This is initially a request to see if anyone's seeing anything similar!

Circumstances are:
- We run workloads in AWS, historically on a weird mix of Amazon Linux, CentOS and Ubuntu.
- I want to gradually migrate to using Debian, using official Debian AMIs, as we retire servers and introduce new services.
- I have a few servers now running Debian 12 x86_64, I thought with no issues - but ...
- A service I've just migrated from an Ubuntu 16.04 box, a Python app, is having occasional issues which it claims are due to DNS lookup failures, when trying to establish a new PostgreSQL connection to the endpoint of an AWS RDS database.
- The app is Indico (see https://getindico.io/), so not one we write ourselves. It uses psycopg2 as the database client library.
- The errors look like this:

Code:

(psycopg2.OperationalError) could not translate host name "indico.cluster-example.eu-west-2.rds.amazonaws.com" to address: Name or service not known
- By and large, the app is working fine, so it is clearly usually able to talk to the database, but we get a few tens of these errors every day in the app's log files.
- We never saw this with the old Indico software on the Ubuntu server.
- This prompted me to check our test Debian 12 box, also running a test version of this Indico service - and lo and behold, it has also had occurrences of this DNS error - but hardly any, since the test service isn't really used.
- All our servers use the AWS VPC DNS resolver.
- As far as I can tell, we've not seen any DNS failures of any kind on any of our other servers, many of which talk to databases, only these two new Debian 12 boxes.
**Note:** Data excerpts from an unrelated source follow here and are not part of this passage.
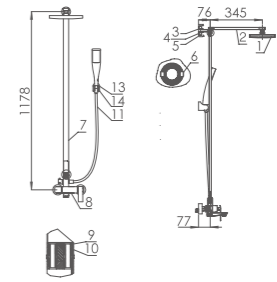

Model No:H-59B Shower

Box size:1150 × 120 × 500 / 315 mm
Carton size:1185 × 520 × 510 mm
4 pcs/carton
Common model: ☐ Yes ☒ No
Cartridge Size:35 mm
Certificate(s):

I have been discussing this over on the Indico forums, and the feeling is that it is not likely to be some new unknown issue in Indico or psycopg2 - I agree with this.

So, currently, I have a DNS service (AWS's VPC DNS resolver) which I expect to be totally reliable, being used to look up a name (the AWS RDS endpoint) which I would expect to always return an answer, by an OS (Debian 12) and a DB client library (psycopg2) which I again would be amazed at if they had unknown new bugs in the area of DNS lookups.
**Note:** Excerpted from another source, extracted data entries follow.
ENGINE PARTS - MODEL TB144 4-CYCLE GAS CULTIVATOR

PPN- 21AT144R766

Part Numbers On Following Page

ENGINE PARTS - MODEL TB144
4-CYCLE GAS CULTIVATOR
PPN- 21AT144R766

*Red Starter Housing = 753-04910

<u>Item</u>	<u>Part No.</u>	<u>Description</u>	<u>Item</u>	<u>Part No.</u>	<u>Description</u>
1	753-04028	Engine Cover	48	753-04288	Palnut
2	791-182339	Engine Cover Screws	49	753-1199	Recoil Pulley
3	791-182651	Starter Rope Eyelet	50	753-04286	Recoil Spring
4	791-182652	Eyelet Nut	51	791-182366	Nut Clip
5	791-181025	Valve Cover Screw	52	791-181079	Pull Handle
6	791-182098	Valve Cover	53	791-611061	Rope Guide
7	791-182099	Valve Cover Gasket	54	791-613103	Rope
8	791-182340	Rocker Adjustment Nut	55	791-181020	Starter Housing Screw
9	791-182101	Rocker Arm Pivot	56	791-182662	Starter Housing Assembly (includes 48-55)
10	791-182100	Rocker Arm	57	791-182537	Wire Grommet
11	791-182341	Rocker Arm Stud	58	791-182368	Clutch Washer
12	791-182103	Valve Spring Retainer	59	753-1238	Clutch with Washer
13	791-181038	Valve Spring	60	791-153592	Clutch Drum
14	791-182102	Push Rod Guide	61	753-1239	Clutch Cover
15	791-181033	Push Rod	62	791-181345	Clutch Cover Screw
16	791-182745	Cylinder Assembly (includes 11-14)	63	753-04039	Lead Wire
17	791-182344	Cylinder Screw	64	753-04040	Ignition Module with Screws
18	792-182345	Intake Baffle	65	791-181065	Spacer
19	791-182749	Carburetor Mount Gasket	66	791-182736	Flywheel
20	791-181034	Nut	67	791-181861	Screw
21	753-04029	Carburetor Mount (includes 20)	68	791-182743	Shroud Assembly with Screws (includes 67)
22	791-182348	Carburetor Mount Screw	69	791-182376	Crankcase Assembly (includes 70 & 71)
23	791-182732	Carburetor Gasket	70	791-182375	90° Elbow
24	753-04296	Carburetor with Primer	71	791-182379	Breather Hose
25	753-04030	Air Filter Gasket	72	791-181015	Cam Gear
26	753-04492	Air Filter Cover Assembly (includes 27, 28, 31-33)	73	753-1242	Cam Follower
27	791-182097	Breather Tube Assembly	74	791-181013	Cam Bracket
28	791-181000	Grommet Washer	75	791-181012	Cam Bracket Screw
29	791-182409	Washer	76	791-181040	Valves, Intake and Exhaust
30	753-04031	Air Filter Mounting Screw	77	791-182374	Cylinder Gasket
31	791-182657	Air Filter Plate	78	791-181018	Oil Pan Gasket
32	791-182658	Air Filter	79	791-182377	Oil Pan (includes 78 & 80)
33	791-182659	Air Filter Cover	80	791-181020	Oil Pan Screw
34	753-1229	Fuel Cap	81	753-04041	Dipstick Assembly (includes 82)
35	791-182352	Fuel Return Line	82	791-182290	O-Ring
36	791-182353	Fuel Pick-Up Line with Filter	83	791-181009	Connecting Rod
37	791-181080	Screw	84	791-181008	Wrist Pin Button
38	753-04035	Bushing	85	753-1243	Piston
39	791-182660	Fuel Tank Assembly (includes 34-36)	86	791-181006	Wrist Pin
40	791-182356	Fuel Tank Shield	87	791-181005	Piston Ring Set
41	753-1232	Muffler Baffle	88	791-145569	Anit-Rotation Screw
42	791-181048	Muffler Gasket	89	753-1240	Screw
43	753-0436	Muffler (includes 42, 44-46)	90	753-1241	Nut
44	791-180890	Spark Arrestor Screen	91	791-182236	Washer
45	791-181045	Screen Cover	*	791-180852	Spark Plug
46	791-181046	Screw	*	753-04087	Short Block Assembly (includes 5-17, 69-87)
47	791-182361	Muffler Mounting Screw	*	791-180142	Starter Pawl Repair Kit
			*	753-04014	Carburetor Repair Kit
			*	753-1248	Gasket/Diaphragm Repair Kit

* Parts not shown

My Debian 12 servers have /etc/resolv.conf as a link to /run/systemd/resolve/resolv.conf, as expected, and it contains something like:

Code:

# This is /run/systemd/resolve/resolv.conf managed by man:systemd-resolved(8).# Do not edit.## This file might be symlinked as /etc/resolv.conf. If you're looking at# /etc/resolv.conf and seeing this text, you have followed the symlink.## This is a dynamic resolv.conf file for connecting local clients directly to# all known uplink DNS servers. This file lists all configured search domains.## Third party programs should typically not access this file directly, but only# through the symlink at /etc/resolv.conf. To manage man:resolv.conf(5) in a# different way, replace this symlink by a static file or a different symlink.## See man:systemd-resolved.service(8) for details about the supported modes of# operation for /etc/resolv.conf.nameserver 10.211.32.2search .
This looks normal. The boxes use DHCP, as per usual in AWS.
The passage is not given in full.